Just after six that evening Sergeant Rawlings came back along the sections from the platoon Orders Group. He still looked as if he had stepped straight off first morning parade, and Eddie felt a thrill of pride ripple through him. His favourite brother was the smartest soldier in the battalion.
‘We’ll be there in five minutes,’ the sergeant encouraged. Put some swank in it and step lively. Smith, get back to your proper distance or I’ll make you run the rest of the way backwards. Smarten up now. I’ve told every sergeant in the battalion that this is the best platoon, so live up to it.’
Then the sections ahead were slowing, and shortly they came to a wide opening in a high hedge. A sentry box and sentry were to the right of the gap, and a long, white painted pole barrier, counter-weighted at one end with an old sand-filled petrol can, reared its slender length skywards like the barrel of a deserted ack-ack gun. Near the entrance stood Colonel Trainer-Crump and Greasy Joe, the Regimental Sergeant-Major.
‘Well done, men,’ said the Colonel, as the sections filed past him.
‘What about that, then?’ swore Smith, as Corporal Rawlings led the section along a narrow cindered path that led to dozens of black nissen huts set under the covering branches of dark-foliaged trees. ‘Even Greasy Joe was smiling.’
‘Him!’ scowled Newman. ‘His mother used to call him laughing boy.’
Chapter Three
‘NOW the lesson we are going on with this morning,’ said Sergeant Rawlings, with Four Platoon grouped around
him in a half-circle, ‘is called unarmed and close combat. This is a special and invaluable part of your training which is easily learnt, and might well save your lives in the not-too-distant future. You’ve been taught the orthodox methods of killing men. Now we’ll go on with the unorthodox. Remember that all is fair in love and war. There may come a time when some dirty little trick will turn the tables on an enemy who appears to have an advantage over you.
‘Now I am very experienced in this sort of thing, and Corporal Rawlings is an expert in Judo. So this platoon is lucky in that it has the two best instructors in the battalion to train under. You will now proceed to take advantage of our skill. We shall commence with a demonstration.’
Corporal Rawlings shrugged out of his battle order and stepped in front of the platoon. The corporal’s head came level with his brother’s shoulder, and the sergeant pointed out this fact to the men.

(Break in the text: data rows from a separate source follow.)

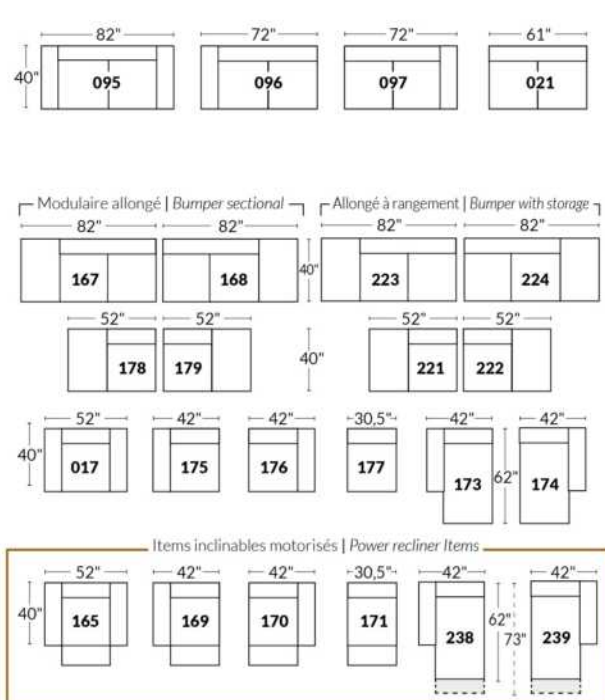

SIÈGE 30" DE LARGE | 30" SEAT WIDTH
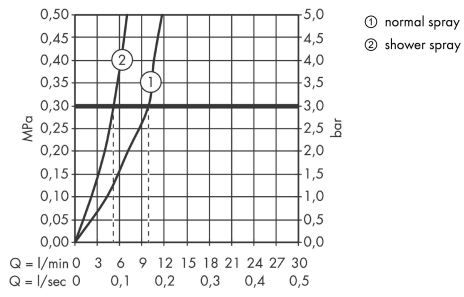

Focus M41

Single lever kitchen mixer 240, pull-out spray, 2jet

Surfaces: **Chrome** Article Number: **31815000**

Description

product features

- ComfortZone 240
- swivel range adjustable in 2 steps to 110° or 150°
- laminar spray, shower spray
- lockable shower spray, spray returns through pressing spray diverter and spray returns automatically through handle closing
- MagFit magnetic shower support
- quick connect hose
- connection dimension: DN15
- maximum flow rate at 3 bar: 10 l/min
- ceramic cartridge
- connection type: G 3/8 connections
- temperature limitation adjustable
- integrated non-return valve
- suitable for continuous flow water heaters
- extension length up to 50 cm

Technology

Design awards

Certificates

Product image

Scale drawing

Focus M41

Single lever kitchen mixer 240, pull-out spray, 2jet

Surfaces: **Chrome** Article Number: **31815000**

Flowchart

Focus M41

Single lever kitchen mixer 240, pull-out spray, 2jet

Surfaces: **Chrome** Article Number: **31815000**

Exploded Drawing

Year of production: >08/19

Focus M41

Single lever kitchen mixer 240, pull-out spray, 2jet
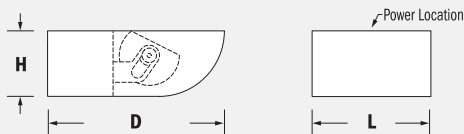

Remote or Integral Ballast - Metal Halide Lamp(s)

Yoke - Scoop

	L	D	H
EIW 9294	16.0"	15.0"	8.0"

Yoke - Wedge

	L	D	H
EIW 9295	16.0"	15.0"	8.0"

Yoke - Scroll

	L	D	H
EIW 9733	16.0"	16.0"	8.7"

Power Tray - Scoop

	L	D	H
EIW 9731	16.0"	21.0"	8.1"

Power Tray - Wedge

	L	D	H
EIW 9732	16.0"	21.0"	8.1"

FT - Forward Throw

PW - Plane Wash

VG - Vertical Graze

Complementary Family Fixtures

MRI Round - Page 182
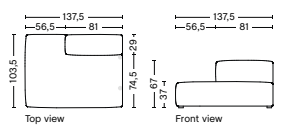

S1861 | CORNER | RIGHT

DIMENSION
W98 x D98 x H67 cm
Seat H37 cm

SALES QTY. 1 pcs.

PRODUCT STATUS
Order produced

PACKAGING
1 box | 1 pcs.

BOX DIMENSION | WEIGHT
W116 x D99 x H69 cm | 42 kg

DESCRIPTION
Fabric Group 1
Fabric Group 2
Fabric Group 3
Fabric Group 4
Fabric Group 5
Fabric Group 6

1 box | 1 pcs.

BOX DIMENSION | WEIGHT

W116 x D150 x H69 cm | 86 kg

DESCRIPTION

Fabric Group 1
Fabric Group 2
Fabric Group 3
Fabric Group 4
Fabric Group 5
Fabric Group 6

S7265 | WIDE | CHAISE LONGUE LONG | LOW ARMREST | RIGHT

DIMENSION

W122 x D153 x H67 cm
Seat H37 cm

SALES QTY. 1 pcs.

PRODUCT STATUS

Order produced

PACKAGING

1 box | 1 pcs.

BOX DIMENSION | WEIGHT

W116 x D150 x H69 cm | 86 kg

DESCRIPTION

Fabric Group 1
Fabric Group 2
Fabric Group 3
Fabric Group 4
Fabric Group 5
Fabric Group 6

S9301 | LOUNGE | RIGHT BACKREST

DIMENSION

W137,5 x D105,5 x H67 cm
Seat H37 cm

‘Any little blokes among you can now take heart. I look big enough to eat the corporal. But watch.’
Stepping back a pace the sergeant suddenly delivered a heavy right-hand punch to the corporal’s head. There was a blur of seemingly confused movement, then the sergeant whirled through the air over his brother’s head. He landed on his back several feet away. He got up grinning and dusted himself down.
‘That was just to demonstrate that the size of a man doesn’t count when it comes to close quarters. What matters is what a man knows, so now you’re all eager to learn. Pair off and spread out. Corporal, you take that half of the platoon and I’ll deal with this half.’
So it went on. Training and more training. The rumours of a Second Front died again as days passed monotonously. There were schemes and attacks and night operations and more weapon training. Off-duty hours were precious and few. The men hardly left camp except on duty. The nearest village was six miles away. The only pub in the village had a No Beer sign in its window for five days out of every seven. The canteen in the camp was a large nissen hut, and the only beverage was Naafi tea.
Practising beach landings from all types of landing craft was fun until the novelty wore off. The days were sunny and warm, and passed in a blur that left little impression in the minds of the men. Training and tactics were soaked into them, and they were nearing the apex of mental and physical fitness. They were ready for the Second Front.